Think how simple it would have been to give this story a balanced introduction. Keep that biased sentence if you wish, then add: "But pro-family organizations reject that charge, suggesting it's more liberal claptrap."

The study's authors had no mission of balance. The reports are militantly leftist and ABC was going to endorse them. A modern liberal activist study would not be complete without the suggestion that conservatism kills. How did ABC see it? Check out the story subheadline: "Life-Threatening Omission?" Sex-education activist Debra Haffner told ABC, "Our children are being denied life-saving information that their parents want for them."

An objective report would follow Haffner's strident liberalism with a conservative decrying school teachers putting condoms on bananas. Or that in the age of AIDS, abstinence doesn't kill, promiscuity does. Perhaps an objective reporter would have noticed the rate of contraceptive failure, and wondered about whether teachers suggesting condoms create "safe sex" are guilty of false advertising. Certainly, a conservative would suggest that the vast majority of deaths resulting from teenage sex occur from abortions. ABC's Web site article included five propagandists for "comprehensive" sex education (including an 11-year-old girl) and only a brief comment from a spokesman for the National Abstinence Clearinghouse.

ABC had the same approach on television during "World News Tonight." Peter Jennings sounded like a fatalist Phil Donahue: "A majority of public schools in America teach some form of sex education. But in many of these classrooms, the only education students are getting is that sex should be avoided. Is that realistic in the 1990s?" 

The sentinels of sophistication believe every kid should be taught about "safe sex" because there's no way you can prevent teenagers from having sex. If that's true, then Peter Jennings should promote the virtues of "safe smoking" for kids, since so many are going to do it anyway. By this logic, every student should also be taught safe shooting, since according to the networks, every school is a heartbeat away from a massacre. 

Reporter James Walker larded his report with the same sex-ed sermonizers. James Wagoner of a group calling itself "Advocates for Youth" provided the silence-equals-death line about abstinence education: "In terms of this overall policy, it's not just naive or misguided. I really do believe it's irresponsible and dangerous in the era of AIDS." Using a tried-and-true liberal media dodge, Walker failed to let conservatives speak for themselves, and merely put words in their mouth at the end: "But conservatives counter that America's teenage birth and abortion rates are going down and say what is needed is even more abstinence education bolstered by moral education about the sanctity of marriage."

Walker didn't spend any time wondering about the other sexual information teenagers are exposed to outside of the classroom. Peter Jennings didn't turn around and wonder whether some teenagers are having sex because their favorite characters on ABC's prime-time schedule do it, talk about it, make it cool. Wouldn't that have made for an interesting soundbite using liberal slippery-slope logic: "ABC kills"?
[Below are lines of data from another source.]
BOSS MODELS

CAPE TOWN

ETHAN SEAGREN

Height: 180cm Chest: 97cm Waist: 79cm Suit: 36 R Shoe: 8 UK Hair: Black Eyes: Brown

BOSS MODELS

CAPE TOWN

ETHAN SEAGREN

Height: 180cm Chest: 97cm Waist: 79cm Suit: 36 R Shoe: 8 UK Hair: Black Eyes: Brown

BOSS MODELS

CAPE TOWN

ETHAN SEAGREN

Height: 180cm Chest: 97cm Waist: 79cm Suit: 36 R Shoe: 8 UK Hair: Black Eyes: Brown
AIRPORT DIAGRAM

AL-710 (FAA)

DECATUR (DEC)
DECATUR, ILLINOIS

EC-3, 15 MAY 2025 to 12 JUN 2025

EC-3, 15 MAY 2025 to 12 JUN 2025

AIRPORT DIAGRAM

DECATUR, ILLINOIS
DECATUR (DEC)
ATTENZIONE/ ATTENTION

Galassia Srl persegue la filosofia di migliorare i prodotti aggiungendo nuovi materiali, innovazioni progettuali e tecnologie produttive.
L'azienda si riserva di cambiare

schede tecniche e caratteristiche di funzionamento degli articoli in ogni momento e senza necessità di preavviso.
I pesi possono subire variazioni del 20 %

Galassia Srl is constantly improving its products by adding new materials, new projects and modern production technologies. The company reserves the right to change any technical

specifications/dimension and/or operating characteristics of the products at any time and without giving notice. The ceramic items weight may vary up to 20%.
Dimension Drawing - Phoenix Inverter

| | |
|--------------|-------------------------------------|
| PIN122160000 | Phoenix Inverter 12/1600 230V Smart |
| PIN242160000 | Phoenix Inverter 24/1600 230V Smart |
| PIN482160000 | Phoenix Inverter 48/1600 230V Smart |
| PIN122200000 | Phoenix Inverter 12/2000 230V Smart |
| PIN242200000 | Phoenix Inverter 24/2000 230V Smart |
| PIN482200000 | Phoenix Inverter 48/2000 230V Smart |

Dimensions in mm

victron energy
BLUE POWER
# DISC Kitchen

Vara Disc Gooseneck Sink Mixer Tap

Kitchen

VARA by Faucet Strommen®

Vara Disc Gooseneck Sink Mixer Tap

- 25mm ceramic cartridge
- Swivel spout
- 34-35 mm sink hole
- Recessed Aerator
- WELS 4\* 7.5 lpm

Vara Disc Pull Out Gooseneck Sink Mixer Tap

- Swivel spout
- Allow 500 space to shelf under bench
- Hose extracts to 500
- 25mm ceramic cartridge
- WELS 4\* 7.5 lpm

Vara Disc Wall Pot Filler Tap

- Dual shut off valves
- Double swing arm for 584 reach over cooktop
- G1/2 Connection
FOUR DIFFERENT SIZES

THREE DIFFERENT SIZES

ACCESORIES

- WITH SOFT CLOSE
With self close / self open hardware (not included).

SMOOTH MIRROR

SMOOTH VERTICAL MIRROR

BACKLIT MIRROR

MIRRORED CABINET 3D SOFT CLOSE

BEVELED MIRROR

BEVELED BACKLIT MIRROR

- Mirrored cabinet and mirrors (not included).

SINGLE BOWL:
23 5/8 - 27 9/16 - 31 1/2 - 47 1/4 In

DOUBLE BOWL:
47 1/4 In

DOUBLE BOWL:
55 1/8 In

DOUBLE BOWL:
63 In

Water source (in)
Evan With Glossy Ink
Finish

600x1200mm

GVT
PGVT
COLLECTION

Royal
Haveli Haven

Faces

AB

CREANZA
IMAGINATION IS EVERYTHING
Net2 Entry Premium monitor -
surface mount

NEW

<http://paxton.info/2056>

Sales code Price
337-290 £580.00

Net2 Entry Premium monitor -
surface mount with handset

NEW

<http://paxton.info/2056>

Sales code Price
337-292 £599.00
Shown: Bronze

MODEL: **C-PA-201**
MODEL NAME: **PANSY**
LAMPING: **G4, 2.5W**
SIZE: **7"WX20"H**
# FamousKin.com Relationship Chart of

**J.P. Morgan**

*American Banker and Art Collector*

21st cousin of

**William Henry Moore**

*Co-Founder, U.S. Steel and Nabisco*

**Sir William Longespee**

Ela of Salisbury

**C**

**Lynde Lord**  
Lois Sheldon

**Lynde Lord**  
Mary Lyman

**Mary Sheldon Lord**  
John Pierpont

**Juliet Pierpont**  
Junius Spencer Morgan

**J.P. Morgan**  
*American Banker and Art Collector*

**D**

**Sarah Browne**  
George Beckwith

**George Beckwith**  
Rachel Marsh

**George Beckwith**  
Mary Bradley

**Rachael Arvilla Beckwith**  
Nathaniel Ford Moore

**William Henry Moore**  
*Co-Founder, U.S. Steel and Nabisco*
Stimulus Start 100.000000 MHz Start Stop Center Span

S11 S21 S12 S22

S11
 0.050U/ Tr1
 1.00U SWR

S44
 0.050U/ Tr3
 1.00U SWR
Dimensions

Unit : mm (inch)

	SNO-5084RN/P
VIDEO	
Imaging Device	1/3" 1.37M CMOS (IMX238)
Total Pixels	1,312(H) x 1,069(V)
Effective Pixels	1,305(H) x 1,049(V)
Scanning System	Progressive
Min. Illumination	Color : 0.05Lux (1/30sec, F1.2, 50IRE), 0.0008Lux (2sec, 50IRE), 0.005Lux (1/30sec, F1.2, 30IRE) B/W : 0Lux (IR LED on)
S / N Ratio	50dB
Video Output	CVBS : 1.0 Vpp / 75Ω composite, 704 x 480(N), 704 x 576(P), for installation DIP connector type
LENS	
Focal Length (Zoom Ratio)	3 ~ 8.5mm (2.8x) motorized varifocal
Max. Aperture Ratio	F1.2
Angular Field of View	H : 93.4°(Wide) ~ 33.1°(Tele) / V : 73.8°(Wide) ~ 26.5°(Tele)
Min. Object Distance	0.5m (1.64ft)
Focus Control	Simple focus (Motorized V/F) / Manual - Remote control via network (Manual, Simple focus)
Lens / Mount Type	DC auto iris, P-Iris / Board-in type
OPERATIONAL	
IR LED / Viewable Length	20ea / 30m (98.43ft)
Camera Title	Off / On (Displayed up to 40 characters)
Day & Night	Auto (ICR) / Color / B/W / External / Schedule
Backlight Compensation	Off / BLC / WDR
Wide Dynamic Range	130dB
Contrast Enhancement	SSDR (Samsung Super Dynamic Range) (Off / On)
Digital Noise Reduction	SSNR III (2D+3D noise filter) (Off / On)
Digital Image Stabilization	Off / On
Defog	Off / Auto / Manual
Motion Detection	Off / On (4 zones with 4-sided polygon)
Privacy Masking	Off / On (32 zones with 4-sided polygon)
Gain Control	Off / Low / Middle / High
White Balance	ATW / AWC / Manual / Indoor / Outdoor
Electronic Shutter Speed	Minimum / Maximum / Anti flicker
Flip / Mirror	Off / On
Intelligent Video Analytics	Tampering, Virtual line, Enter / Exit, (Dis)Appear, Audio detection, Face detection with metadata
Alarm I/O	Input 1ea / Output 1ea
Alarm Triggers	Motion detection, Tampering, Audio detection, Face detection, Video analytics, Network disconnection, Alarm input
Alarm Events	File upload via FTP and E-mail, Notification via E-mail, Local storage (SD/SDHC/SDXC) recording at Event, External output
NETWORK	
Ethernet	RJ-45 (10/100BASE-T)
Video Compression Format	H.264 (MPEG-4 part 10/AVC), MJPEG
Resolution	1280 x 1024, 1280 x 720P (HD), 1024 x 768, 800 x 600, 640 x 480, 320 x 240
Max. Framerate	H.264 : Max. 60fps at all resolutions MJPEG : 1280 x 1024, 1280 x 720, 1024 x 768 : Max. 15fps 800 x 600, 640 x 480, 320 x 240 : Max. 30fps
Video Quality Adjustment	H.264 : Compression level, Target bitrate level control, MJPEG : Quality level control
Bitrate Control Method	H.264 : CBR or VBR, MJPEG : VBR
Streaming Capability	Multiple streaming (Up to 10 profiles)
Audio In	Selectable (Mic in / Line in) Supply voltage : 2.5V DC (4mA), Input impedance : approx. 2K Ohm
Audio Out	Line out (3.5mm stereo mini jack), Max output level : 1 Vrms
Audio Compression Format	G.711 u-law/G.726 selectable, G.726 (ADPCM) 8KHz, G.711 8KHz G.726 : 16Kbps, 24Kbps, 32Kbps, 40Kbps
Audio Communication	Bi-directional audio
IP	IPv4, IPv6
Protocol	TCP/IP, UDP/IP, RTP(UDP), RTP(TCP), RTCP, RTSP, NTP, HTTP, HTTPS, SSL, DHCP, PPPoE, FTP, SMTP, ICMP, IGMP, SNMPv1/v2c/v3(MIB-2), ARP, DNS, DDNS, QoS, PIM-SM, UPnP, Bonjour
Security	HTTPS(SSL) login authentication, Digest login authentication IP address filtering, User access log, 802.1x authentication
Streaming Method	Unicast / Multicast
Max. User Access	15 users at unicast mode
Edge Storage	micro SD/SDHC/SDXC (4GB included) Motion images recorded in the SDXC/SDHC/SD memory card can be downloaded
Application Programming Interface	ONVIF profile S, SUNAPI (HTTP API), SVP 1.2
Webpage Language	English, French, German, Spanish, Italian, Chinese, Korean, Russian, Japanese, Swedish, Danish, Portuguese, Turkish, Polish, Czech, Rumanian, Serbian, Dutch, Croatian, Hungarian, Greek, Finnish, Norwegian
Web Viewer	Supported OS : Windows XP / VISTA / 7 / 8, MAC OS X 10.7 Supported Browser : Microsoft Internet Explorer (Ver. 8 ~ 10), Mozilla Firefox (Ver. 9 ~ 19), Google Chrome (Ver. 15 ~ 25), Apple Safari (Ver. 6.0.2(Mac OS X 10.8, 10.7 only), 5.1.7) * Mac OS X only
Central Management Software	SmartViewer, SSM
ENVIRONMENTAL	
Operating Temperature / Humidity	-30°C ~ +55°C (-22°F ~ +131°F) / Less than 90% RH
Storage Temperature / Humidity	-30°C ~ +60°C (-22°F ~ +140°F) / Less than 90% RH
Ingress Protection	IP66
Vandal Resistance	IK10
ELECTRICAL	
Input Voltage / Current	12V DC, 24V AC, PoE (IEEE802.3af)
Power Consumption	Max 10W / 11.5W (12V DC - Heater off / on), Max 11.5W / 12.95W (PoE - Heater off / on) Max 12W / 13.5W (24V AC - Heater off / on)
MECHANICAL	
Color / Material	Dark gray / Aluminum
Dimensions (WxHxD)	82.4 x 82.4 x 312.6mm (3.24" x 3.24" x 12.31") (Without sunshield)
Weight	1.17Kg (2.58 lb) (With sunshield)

This latest sex-education salvo proves once again that the liberals believe no one should be allowed inside a school to present a message based on traditional morality. Instead, all students should become faithful devotees of the Church of the Invincible Condom. Drivel about religious values is okay at church, maybe even at the dinner table. But for goodness sakes, don't bring that foolishness to school.

American liberals yearn to have our society emulate European countries, which they claim have better statistics on teen pregnancies, sexually transmitted diseases, and abortions. What they really mean is America should emulate European attitudes, which aren't poisoned by these repressive religious hangups about teenage children getting it on.